Keywords: Eye tracking, reader performance, low contrast detectability, reader training
1. INTRODUCTION
We have previously studied and reported on inter-reader (or inter-radiologist) variability in liver metastasis detection (1–4). At the 2021 SPIE Medical Imaging meeting, we found differences in area under the curve (AUC) and sensitivity stemming from reader subspecialization (with abdominal subspecialists exhibiting higher AUC than trainees) and workstation variables (with longer interpretation time, greater use of liver windows, and greater use of coronal reformations associated with higher sensitivity) (4). We also categorized missed lesions as search or classification errors. We found that about a third of missed metastases were gazed at for <0.5 seconds, a third between 0.5 to 2 seconds, and a third for >2 seconds. This previous study characterized associations between reader behavior and performance but did not test if intervention on the associated variables could improve performance.
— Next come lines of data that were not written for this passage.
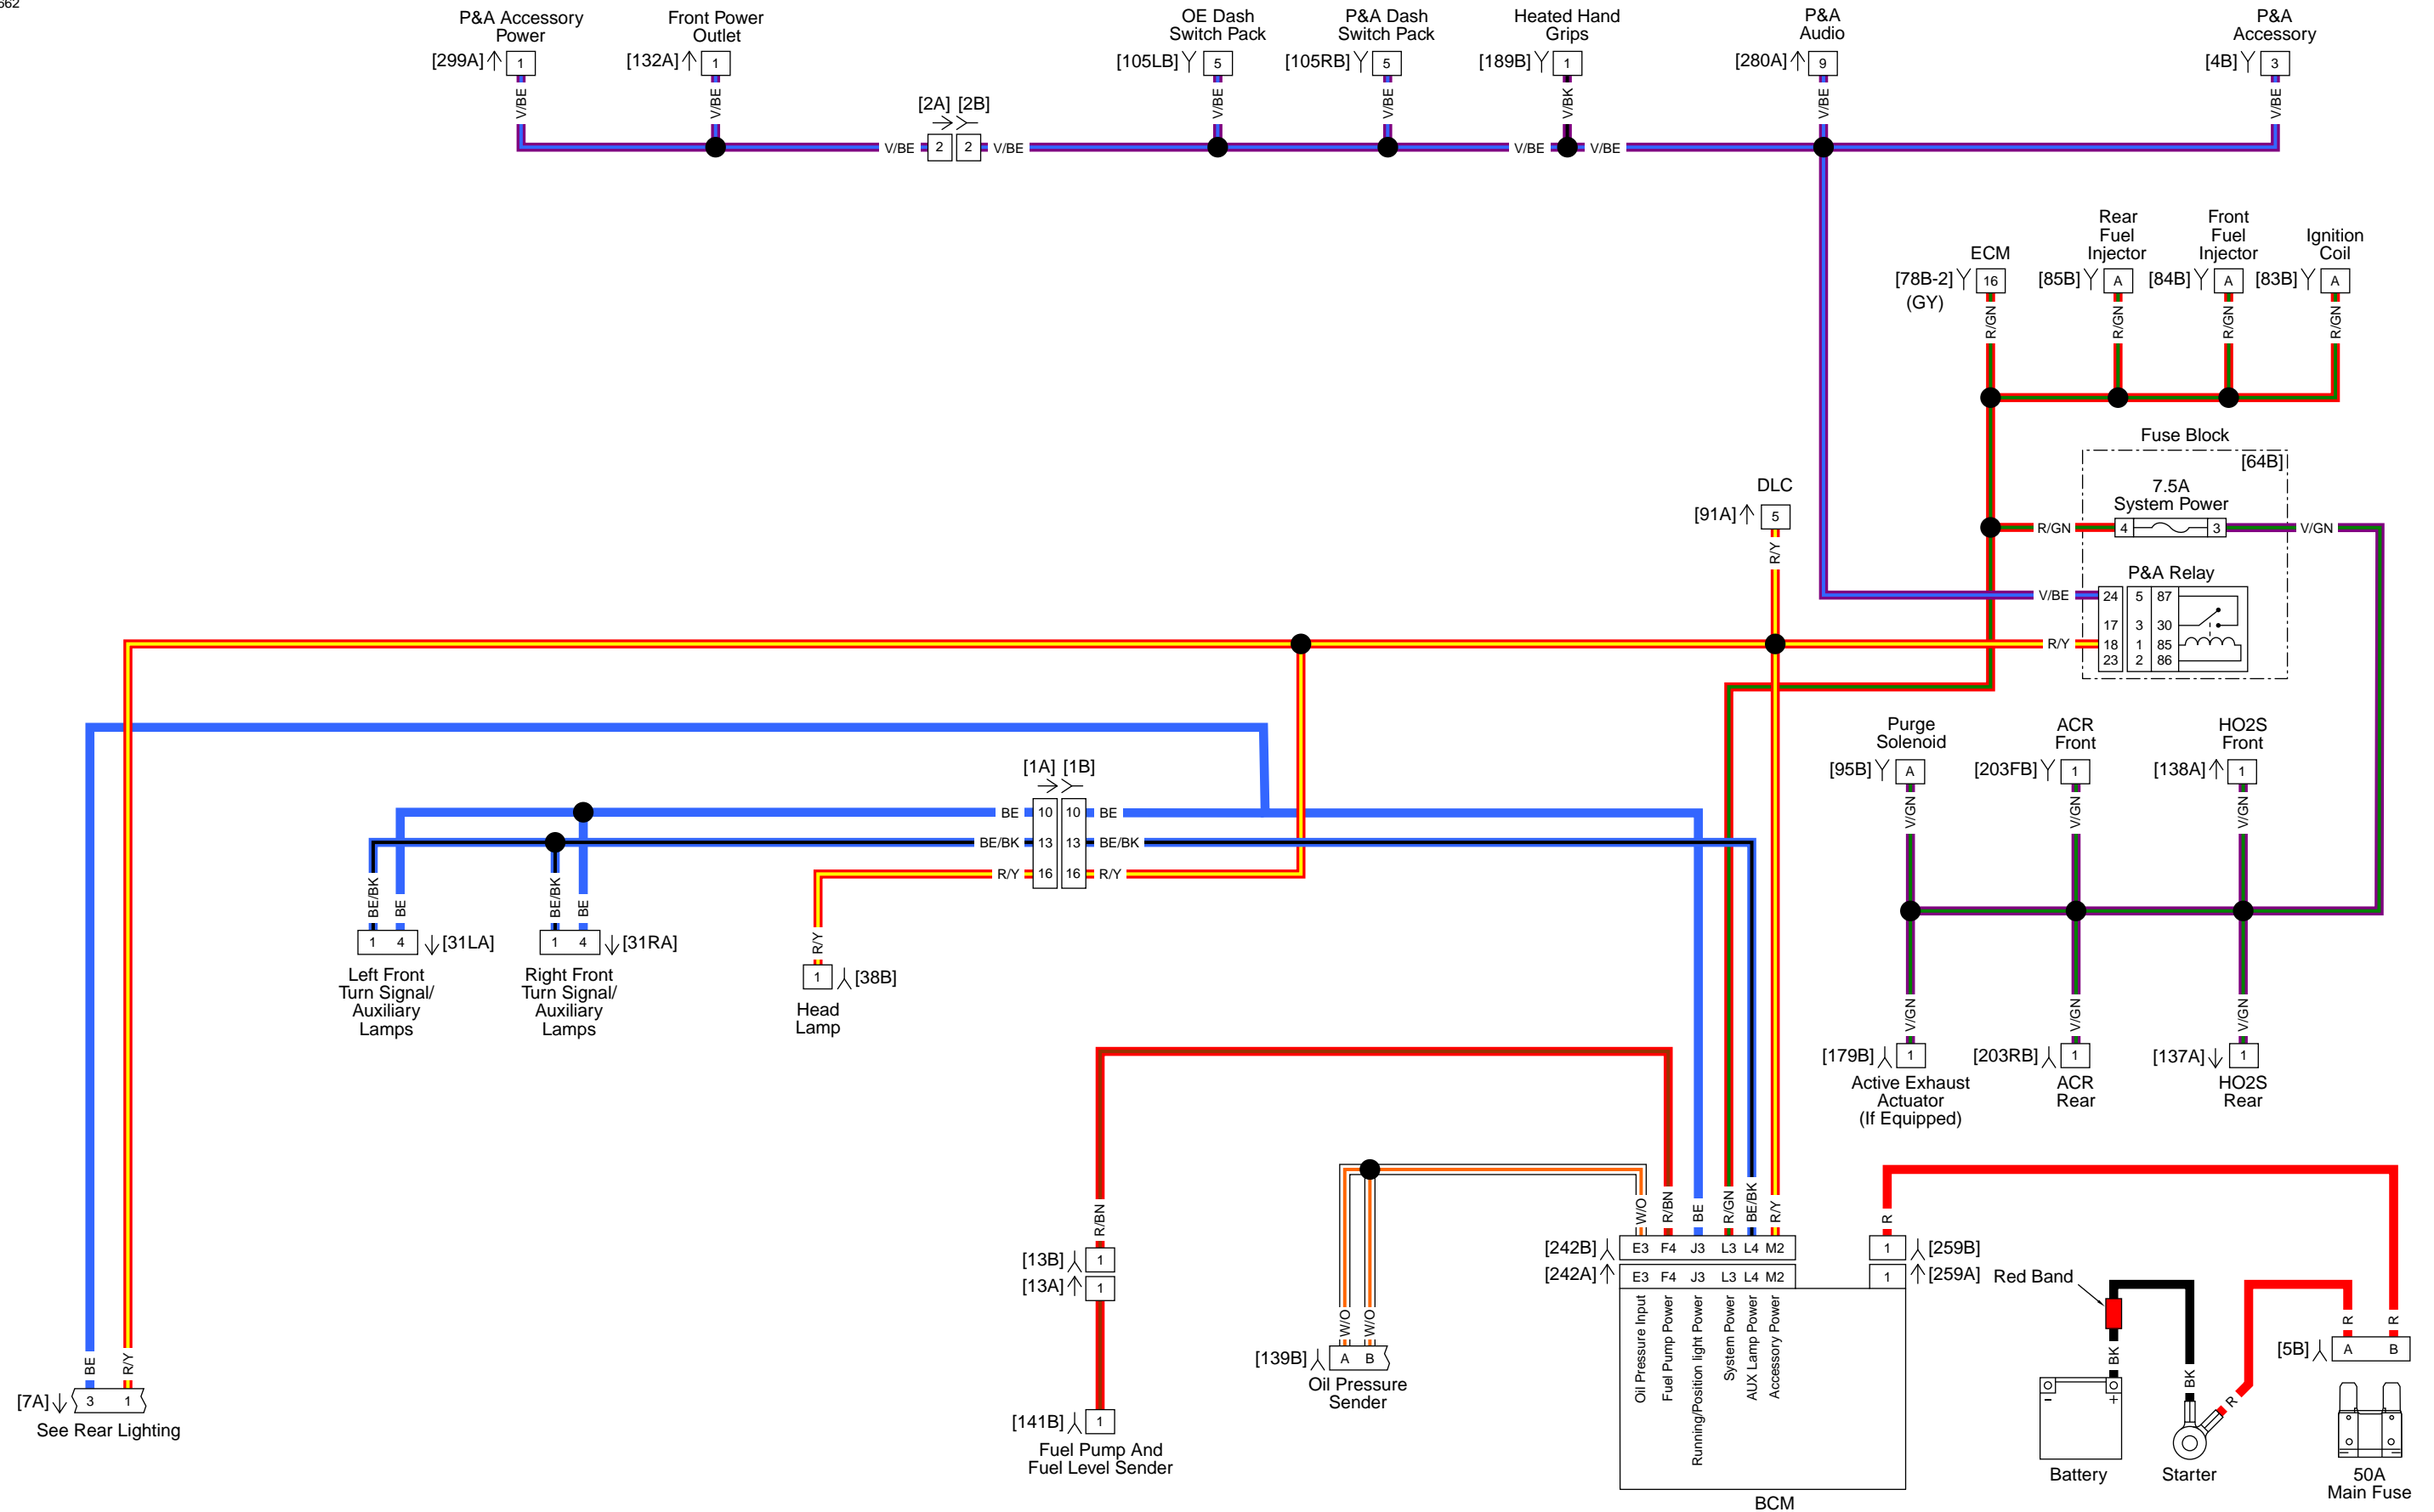

Ignition and ACC FLH: 2016 Touring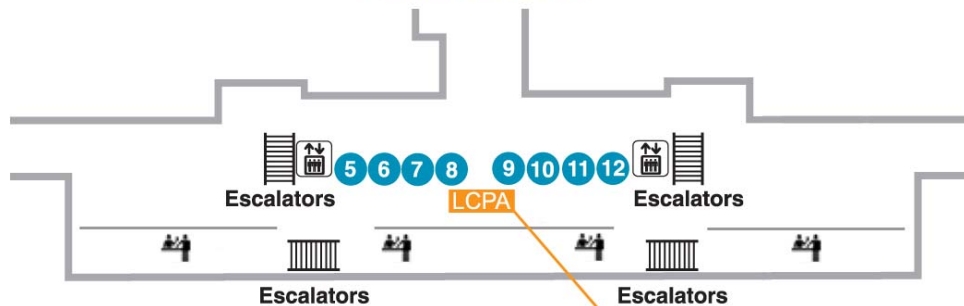

CONCOURSE C

MAIN TERMINAL

5 Chili's To Go	9 PGA TOUR Shop
6 Chili's	10 Brighton Collectibles
7 Nathan's	11 Tropical Expressions
8 Quizno's	12 Coastal News

Once parked, cross over the roadway and enter the terminal. Continue past Ticketing and follow signs toward Concourse C. Directly across from Concourse C, between the PGA TOUR Shop and Quizno's/Nathan's, are the elevators to the Lee County Port Authority Executive Offices. Take the elevator to the third floor and the receptionist will assist you.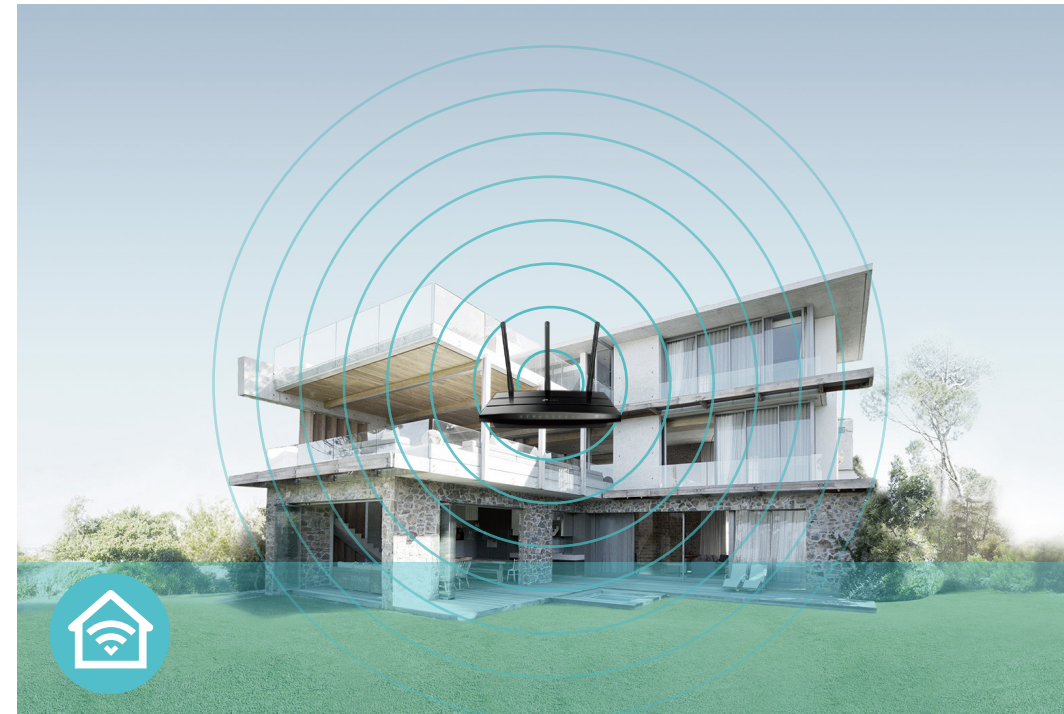

Highlights

Better Coverage

Three external omni directional antennas create strong, clear and dependable Wi-Fi throughout your home.

Easy Setup and Use

Installation is simple, thanks to an intuitive web interface and the powerful TP-Link app, Tether.

Wi-Fi Range

- **Ultimate Range Wi-Fi** – 3 dual band high-performance antennas with a high-powered amplifier ensure the widespread Wi-Fi coverage and a stable connection

Reliability

- **Simultaneous Dual Band** – Separate Wi-Fi bands enable more devices to connect to your network without a drop in performance
- **Easy Bandwidth Management** – Advanced QoS makes it easier for you to manage the bandwidth of connected devices

The purpose of this work was to test such a training program, coaching readers to increase behaviors associated with higher sensitivity and providing targeted practice on classification, to see if such training would improve sensitivity and AUC.
2. METHODS
2.1. Overview
31 radiologist readers were recruited from our institution after IRB approval, including 15 trainees (senior residents or fellows), 8 abdominal subspecialists employed as staff radiologists at our institution, and 8 non-abdominal subspecialists employed as staff in a different subspecialization. Readers participated in four sessions, each lasting approximately 4 hours: pre-test, search training, classification training, and post-test. The order of the search training and classification training was not controlled, and the total time between pre-test and post-test was between two and four weeks.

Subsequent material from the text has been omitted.